Two Revelations – Views From A Loft

I love the Catholic Church.  When a church has been around as long as it has (roughly four times as long as the Protestant Reformation, which was 495 last October 31st), you have the time to examine every aspect of your faith in great detail.  The history of the Catholic Church is a testament to the strength of New Covenant between God and humankind as it reveals the high and low points of an institution started by Christ but left in the hands of flawed human beings for nearly two thousand years (1500 or so years of that time as the sole Christian church).  It doesn’t matter what point of theology you are researching, it’s a good idea to start with the Catholics.  It’s a strong bet that they’ve thought of it, discussed it in detail, perhaps gotten into a fight over it, and possibly even burned someone at the stake about it.  It makes for lots of interesting reading.  For instance, does it seem to you that there are two stories of creation in the Book of Genesis, one in the first chapter and a slightly different one in the second chapter starting in verse 4b?  Well, you’re right!  The Catholics know that there are two — the first is a description of the creation of all mankind and second is a description of the creation of the Jewish race, which prepared a place for the coming of Christ —  and they’ve got the writings of the early church fathers to prove it.  After all, if there weren’t other people besides the family of Adam and Eve in the world, where did Cain get his wife?  If you’d like to read those original documents about the early discussions of the dual creation stories — forget it!  If, however, you are a Catholic, say, a Jesuit priest with a doctorate in Canon Law, you might get a view of them for your research.  Dr. John Wrigley, my professor for Medieval History at UNCC, got to see them while he was a Jesuit doing research.  He described reading the documents while using little, wooden paddles to maneuver the pages so that your hands never actually touched them — paddles whose handles were black from the perspiration of a thousand years worth of scholars using them.  You have to admit, there is a great weight of authority there.

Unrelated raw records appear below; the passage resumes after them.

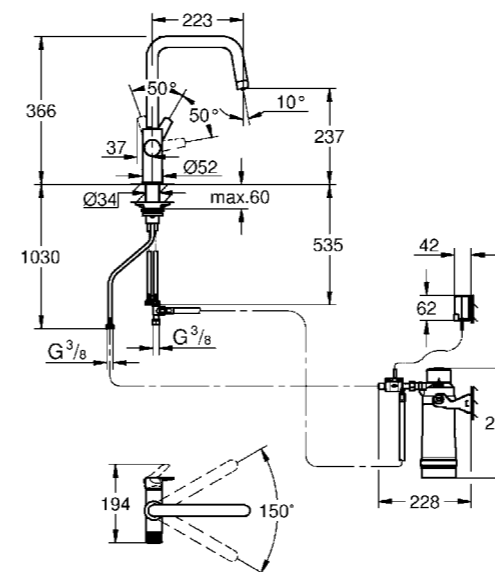

CON
FILTRO
A 5 FASI*

Codice Colore Prezzo €

novità linea esclusiva canale cucina

30 559 000 cromo 679,00
30 559 DC0 super steel 789,00

GROHE Blue Pure Via
Starter kit con filtro a 5 fasi taglia S
composto da:
GROHE Blue miscelatore monocomando per lavello con sistema filtrante dell'acqua
bocca „U”
maniglia separata per erogazione di acqua filtrata
cartuccia a dischi ceramici da 28 mm con tecnologia GROHE SilkMove
bocca girevole
angolo di rotazione 150°
2 canali di erogazione dell'acqua separati per acqua corrente miscelata e acqua filtrata
con raccordi flessibili
GROHE Blue testata filtro con facile regolazione della durezza dell'acqua
GROHE Blue filtro a 5 fasi taglia S capacità media 600 l con durezza acqua fino a 20°dKH o un anno di utilizzo (40 404 001) per migliorare il sapore e la qualità dell'acqua
contaltri con allarme acustico per cambio filtro (1 batteria al litio inclusa)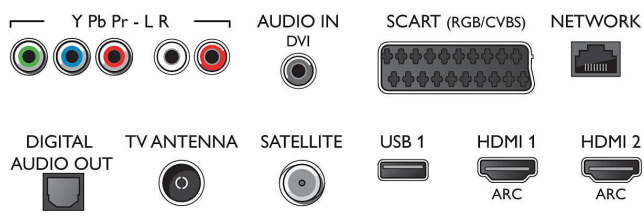

Műszaki adatok

Ambilight

- Ambilight szolgáltatások: A fal színéhez alkalmazkodó, Lounge üzemmód, Játék üzemmód, Ambilight+hue
- Ambilight változat: 2-oldalas

Kép/Kijelző

- Képfórmula: 16:9
- Átlós képernyőméret (hüvelyk): 50 hüvelyk
- Átlós képernyőméret (metrikus): 126 cm
- Kijelző: LED, Full HD
- Panel felbontása: 1920 x 1080p

- 3D: Játék teljes képernyőn 2 résztvevővel*, 2D - 3D átalakítás, Aktív 3D, Automatikus 3D felismerés
- Fényerő: 350 cd/m²
- Képfeldolgozó rendszer: Perfect Pixel HD
- Képjávitás: 800 Hz-es Perfect Motion Rate, Micro Dimming Pro, Super Resolution, Perfect Natural Motion

Támogatott képernyőfelbontás

- Számítógép bemenetek az összes HDMI-n: max.

- FHD 1920×1080, 60 Hz-en, 60 Hz-en
- Videobemenetek az összes HDMI-n: max. FHD 1920×1080p, 24, 25, 30, 50, 60 Hz mellett

Hangolóegység/Vétel/Adás

- Digitális TV: DVB-T/C/S/S2
- Videolejátszás: NTSC, PAL, SECAM
- MPEG támogatás: MPEG2, MPEG4
- TV-műsorfüzet*: 8 napos elektronikus programfüzet
- Jelerősség kijelzése
- Teletext: 1000 oldalas Hypertext

Connections

Side

Rear

So, when, in the course of my reading, I stumbled over a reference to two revelations; I headed to the Catholic dictionary on the web.  They were there and neither one was the “The Revelation to John” from the “New Testament” of the Bible that I was expecting.  Instead, they were listed as the general and the special revelations.  The “special” revelation was the entire body of Holy Scripture, culminating in the person of Jesus Christ, who is the ultimate revelation of God to the children of God.  Included in this category are things like direct conversations with God, visions, human conscience, and miracles — things which have no explanation in the natural world.  The “general” revelation was the world and all that is in it, including human reason and scientific discoveries.  I find this interesting because we Protestants have always seemed to have a love/hate relationship with the world.  Yes, we can be overwhelmed by the beauty of the world (and, having just come back from there, I can report that the Carolina mountains are in magnificent splendor) and we sing “For the beauty of the earth…”  Then, we turn around and sing “This world is not my home…” refusing the earthly creation of God for His heavenly one.  The Bible sort of adds to this confusion.  In Matthew 6:28-34, Jesus uses the natural, earthly creations to demonstrate a point He makes about the uselessness of worry.  Several times in the Gospel of John, however, Jesus specifically refers to Himself as not being of the world.  So the question arises, “How should we respond to the physical world?”

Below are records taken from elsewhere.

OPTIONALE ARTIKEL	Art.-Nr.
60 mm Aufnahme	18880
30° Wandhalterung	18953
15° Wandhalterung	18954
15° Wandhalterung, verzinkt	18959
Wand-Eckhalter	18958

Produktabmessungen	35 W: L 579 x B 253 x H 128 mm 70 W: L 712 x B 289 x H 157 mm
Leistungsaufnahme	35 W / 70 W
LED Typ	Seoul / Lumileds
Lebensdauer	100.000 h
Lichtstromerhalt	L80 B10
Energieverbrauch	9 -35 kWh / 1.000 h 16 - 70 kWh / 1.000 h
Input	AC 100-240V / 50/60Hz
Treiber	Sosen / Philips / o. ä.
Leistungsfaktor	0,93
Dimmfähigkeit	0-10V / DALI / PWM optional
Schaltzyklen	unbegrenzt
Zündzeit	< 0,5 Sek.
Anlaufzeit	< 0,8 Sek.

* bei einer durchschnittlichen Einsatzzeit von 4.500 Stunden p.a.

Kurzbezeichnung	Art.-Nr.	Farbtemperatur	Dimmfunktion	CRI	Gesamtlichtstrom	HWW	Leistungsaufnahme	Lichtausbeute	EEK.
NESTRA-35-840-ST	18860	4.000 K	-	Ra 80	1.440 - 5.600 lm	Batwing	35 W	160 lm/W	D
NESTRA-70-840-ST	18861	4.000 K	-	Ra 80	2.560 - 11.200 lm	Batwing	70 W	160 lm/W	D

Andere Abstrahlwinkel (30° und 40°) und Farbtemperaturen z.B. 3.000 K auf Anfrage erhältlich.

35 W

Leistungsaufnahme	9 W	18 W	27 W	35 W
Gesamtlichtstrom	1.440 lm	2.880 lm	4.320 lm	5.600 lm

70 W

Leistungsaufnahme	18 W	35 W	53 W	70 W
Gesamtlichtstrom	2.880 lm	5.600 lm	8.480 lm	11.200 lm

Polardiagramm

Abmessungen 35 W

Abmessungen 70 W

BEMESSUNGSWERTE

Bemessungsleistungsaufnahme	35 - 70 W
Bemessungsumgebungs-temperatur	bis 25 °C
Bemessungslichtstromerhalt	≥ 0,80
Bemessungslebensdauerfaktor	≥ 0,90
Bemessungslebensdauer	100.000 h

Part of the problem is the nature of some of the things which God chose to create for this world.  Many of them have the capability to be both useful and dangerous.  Fire gives us light, heat, and cooked food if we are careful, but destroys our possessions and turns us into crispy critters if we are not.  A tiny atom can provide limitless power or blow us all to the moon.  Passion fills our lives with purpose when it is controlled but drives us crazy when it isn’t.  Often, it is the attitude that we take toward a creation of God that determines the result we get from interacting with it and that attitude is purely our choice.  It is the free will which God allows us to have that gives us the capability of making a choice — God loves us as His children and does not want us to be slaves.

In the natural world as created by God, nothing is, of itself, evil.  Almost anything, however, including the name and authority of God to the extent He has allowed us to use them, can be turned to do evil. As Christians, we must examine daily the uses to which we put the things God has placed before us in this world.  Our thoughts, words, actions — all are ours to control. The devil never makes us do it — we alone can do that.  This world may not be our home, but it is our mirror.  In it, we see ourselves — we are revealed to ourselves as God sees us.  Two revelations? Yes.  In one, the nature of Jesus, the Son of God, is revealed to us.  In the other, the nature of us, the people of God, is revealed to us.  How are we looking these days, do you think?